Excerpts from a dataset:
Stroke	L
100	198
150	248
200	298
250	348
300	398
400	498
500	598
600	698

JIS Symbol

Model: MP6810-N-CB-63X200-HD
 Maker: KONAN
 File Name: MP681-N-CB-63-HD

...

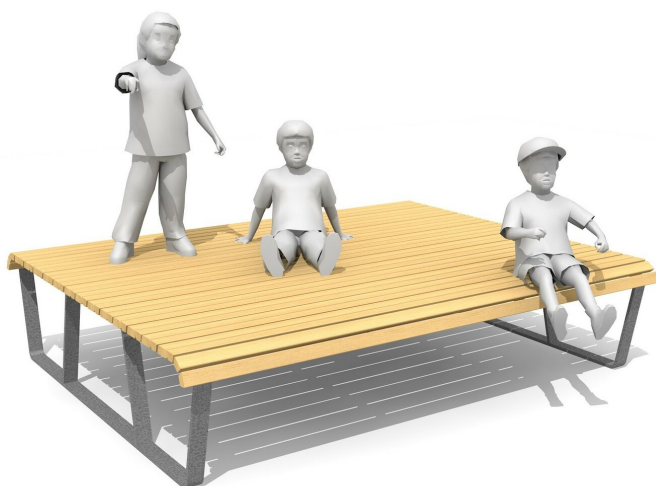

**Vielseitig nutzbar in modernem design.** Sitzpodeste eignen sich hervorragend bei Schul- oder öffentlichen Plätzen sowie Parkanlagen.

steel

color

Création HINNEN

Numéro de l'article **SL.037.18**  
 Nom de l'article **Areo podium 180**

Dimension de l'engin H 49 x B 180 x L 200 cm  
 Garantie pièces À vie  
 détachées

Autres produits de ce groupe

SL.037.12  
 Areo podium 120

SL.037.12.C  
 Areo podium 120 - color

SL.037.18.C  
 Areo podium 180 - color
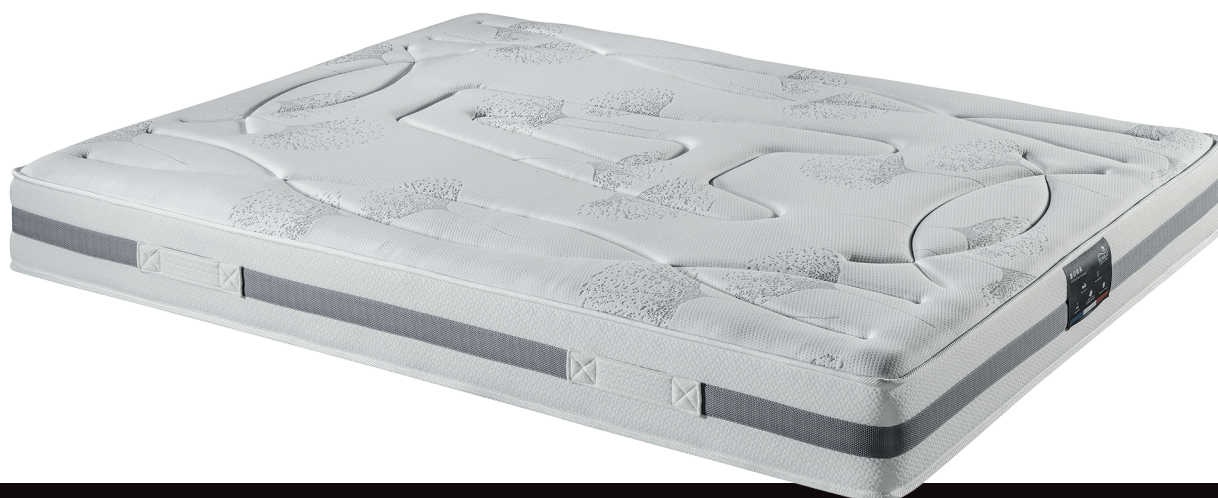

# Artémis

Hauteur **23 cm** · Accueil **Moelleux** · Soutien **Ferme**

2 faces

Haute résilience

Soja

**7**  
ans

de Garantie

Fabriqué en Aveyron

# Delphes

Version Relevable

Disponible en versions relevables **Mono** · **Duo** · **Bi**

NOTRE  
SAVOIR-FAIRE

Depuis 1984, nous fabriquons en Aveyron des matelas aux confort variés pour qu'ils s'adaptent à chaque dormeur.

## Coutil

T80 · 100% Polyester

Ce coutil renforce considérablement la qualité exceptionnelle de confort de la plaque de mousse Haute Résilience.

TASK DESCRIPTION: Go through the entries and filter for lines holding the word "color"; copy each match.

SOLUTION FOR THIS PROBLEM:
color
 Areo podium 120 - color
 Areo podium 180 - color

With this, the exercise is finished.